Extracted data entries
************

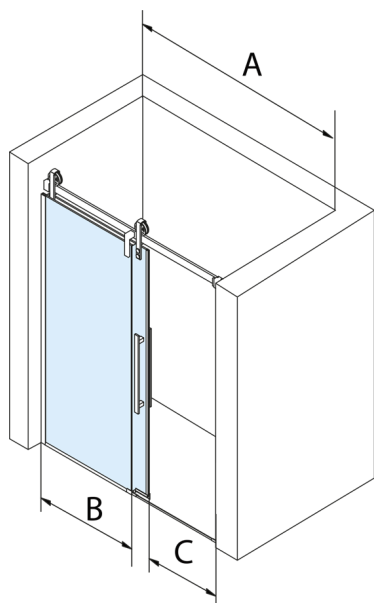

VOLCANO drzwi prysznicowe 1500 mm, szkło czyste

Kod: GV1015

Rozmiary

Szerokość: 1500 mm

Wysokość: 2180 mm

Właściwości

Gwarancja: 3 lata

Karta techniczna

MODEL	A	C	B
GV1012	1170-1210	435	~598
GV1013	1270-1310	485	~648
GV1014	1370-1410	535	~698
GV1015	1470-1510	585	~748
GV1016	1570-1610	635	~798
GV1018	1770-1810	645	~998

MODEL	A	C	B
GV1012	1183-1223	435	~598
GV1013	1283-1323	485	~648
GV1014	1383-1423	535	~698
GV1015	1483-1523	585	~748
GV1016	1583-1623	635	~798
GV1018	1783-1823	645	~998

MODEL	D
GV3080	780-800
GV3090	880-900
GV3010	980-1000
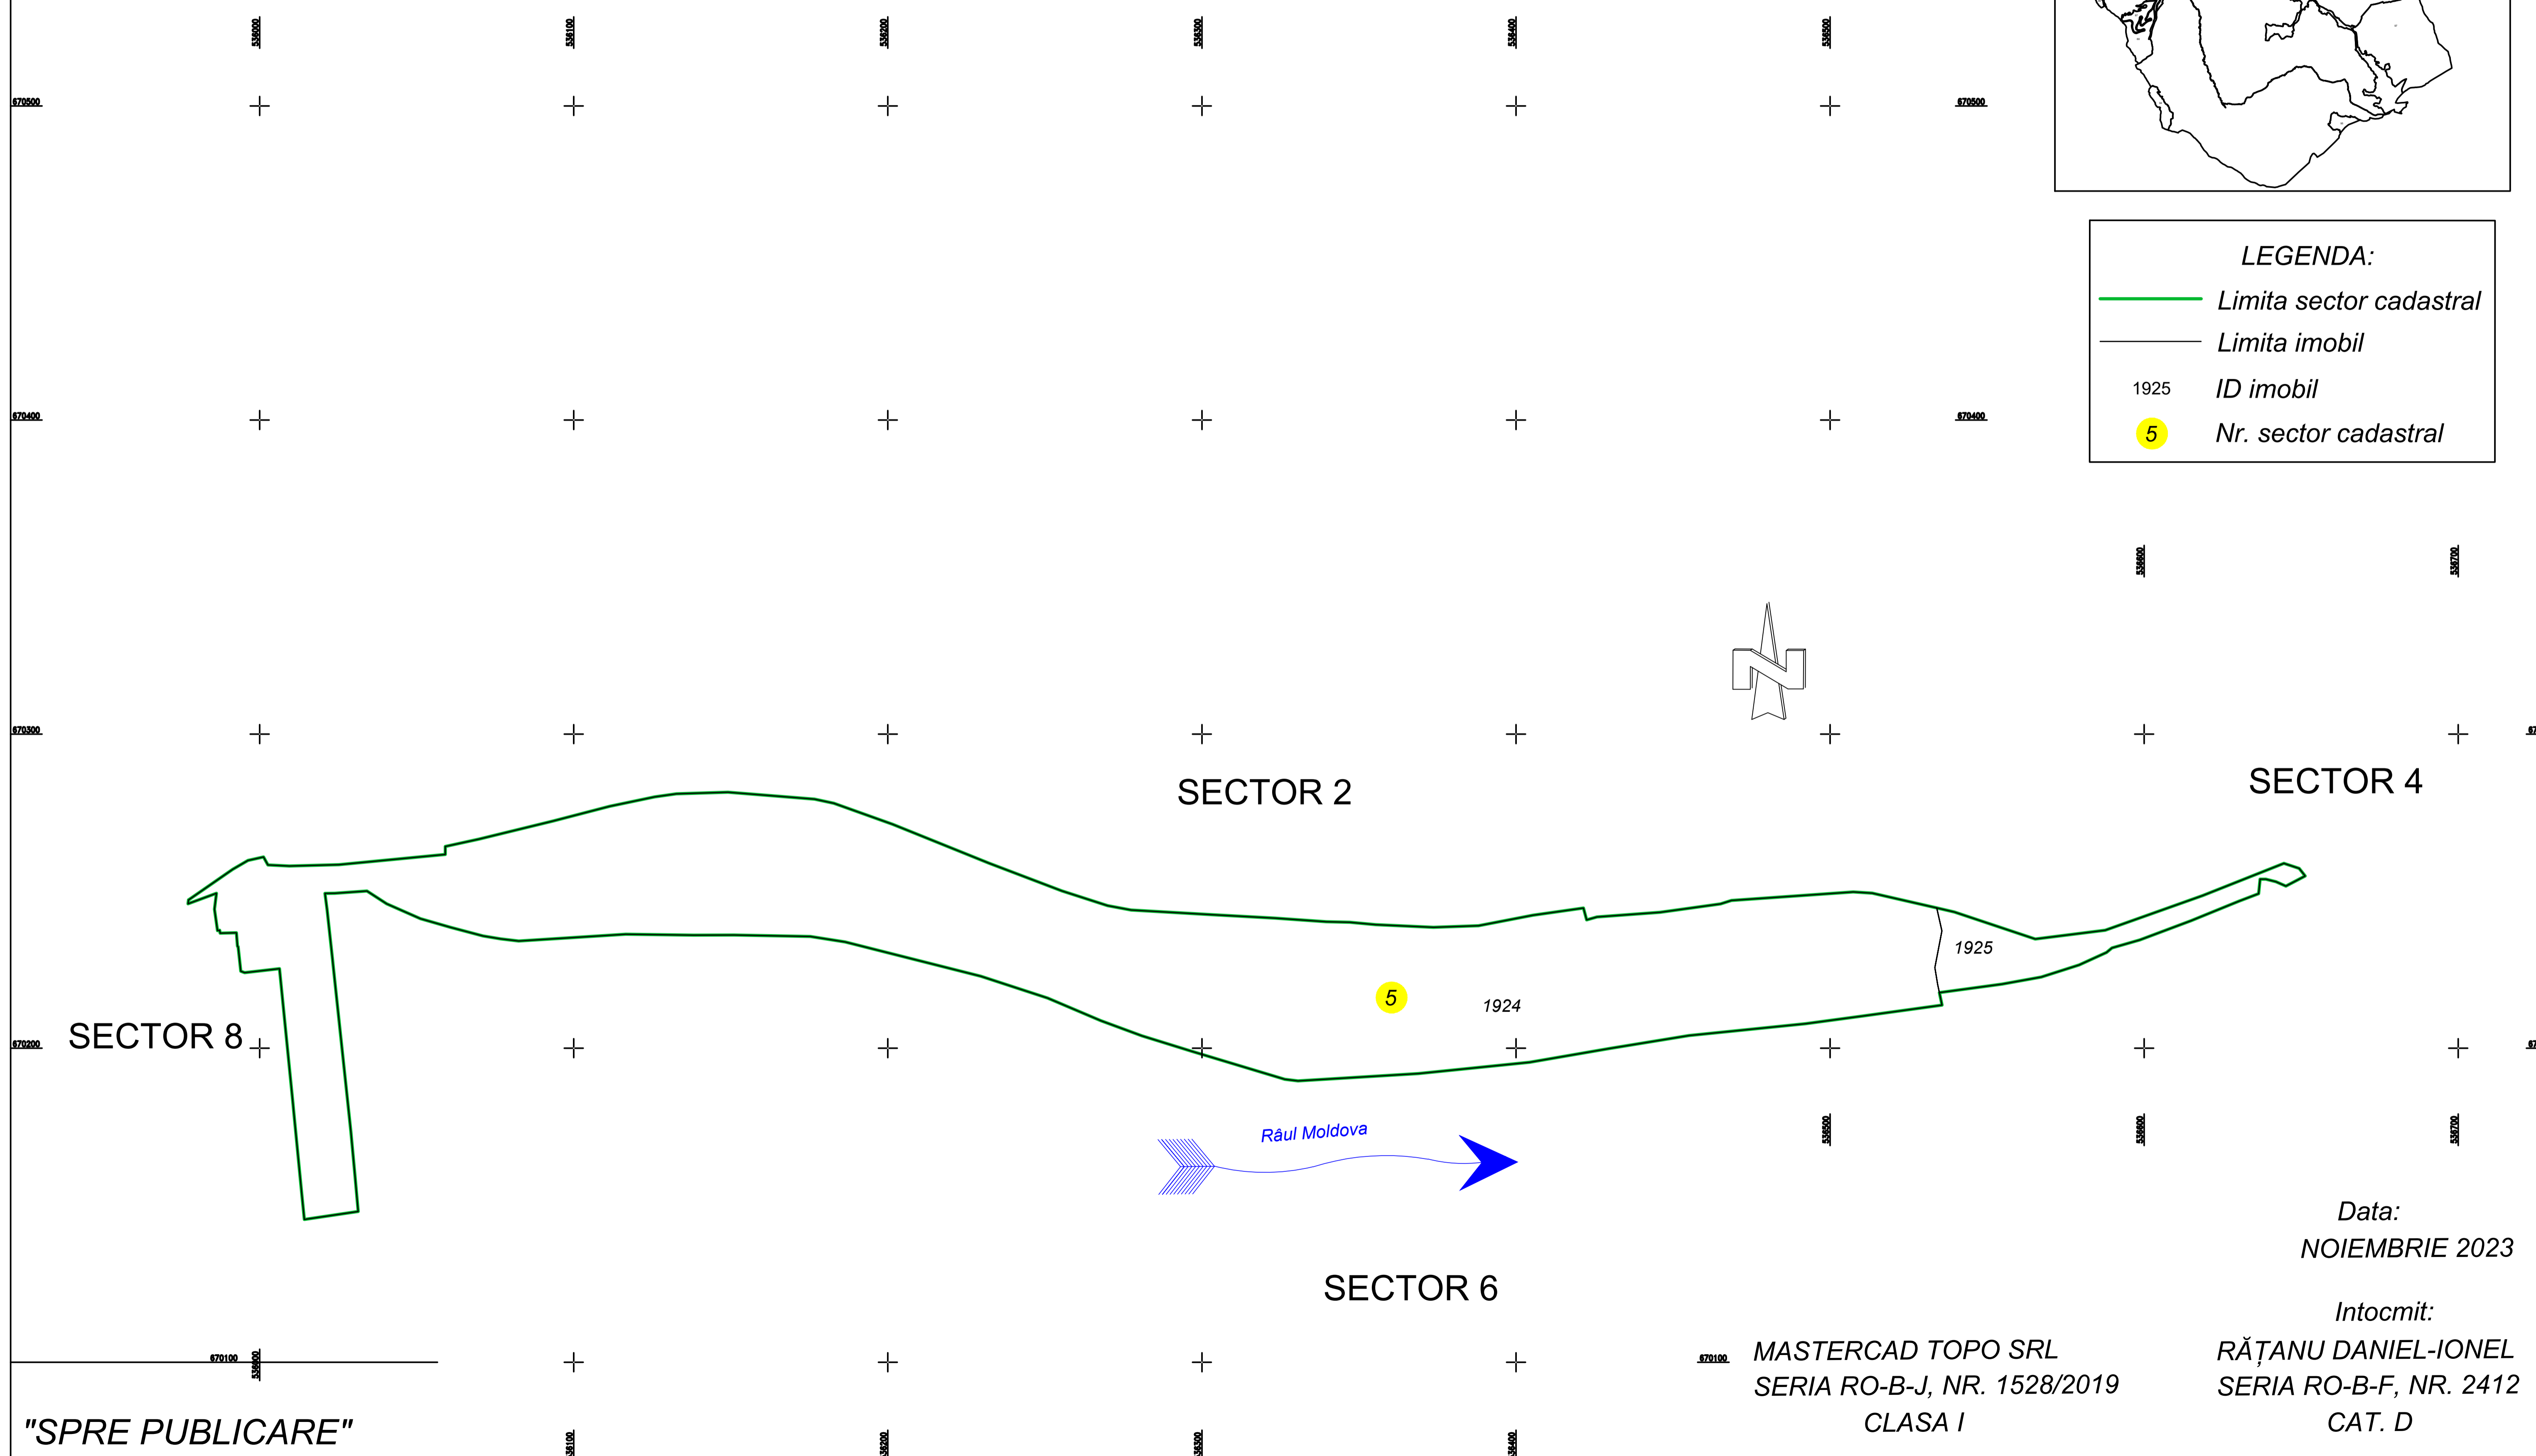

PLAN CADASTRAL
UAT POJORÂTA, JUD. SUCEAVA
Sector cadastral 5

Sistem de proiectie STEREO 70

Scara 1:1000

SCHITA CU DISPUNEREA
SECTORILOR CADASTRALE

LEGENDA:

- Limita sector cadastral
- Limita imobil
- 1925 ID imobil
- Nr. sector cadastral

SECTOR 2

SECTOR 4

SECTOR 8

SECTOR 6

Râul Moldova

5

1924

1925

Data:
NOIEMBRIE 2023

Intocmit:
RĂȚANU DANIEL-IONEL
SERIA RO-B-F, NR. 2412
CAT. D

MASTERCAD TOPO SRL
SERIA RO-B-J, NR. 1528/2019
CLASA I

"SPRE PUBLICARE"

************

-- Your goal --
Print the lines of the entries, exactly, from the one containing "RĂȚANU DANIEL-IONEL" down to the final line, and leave out all the others.

-- Solution for this exercise --
RĂȚANU DANIEL-IONEL
SERIA RO-B-F, NR. 2412
CAT. D

MASTERCAD TOPO SRL
SERIA RO-B-J, NR. 1528/2019
CLASA I

"SPRE PUBLICARE"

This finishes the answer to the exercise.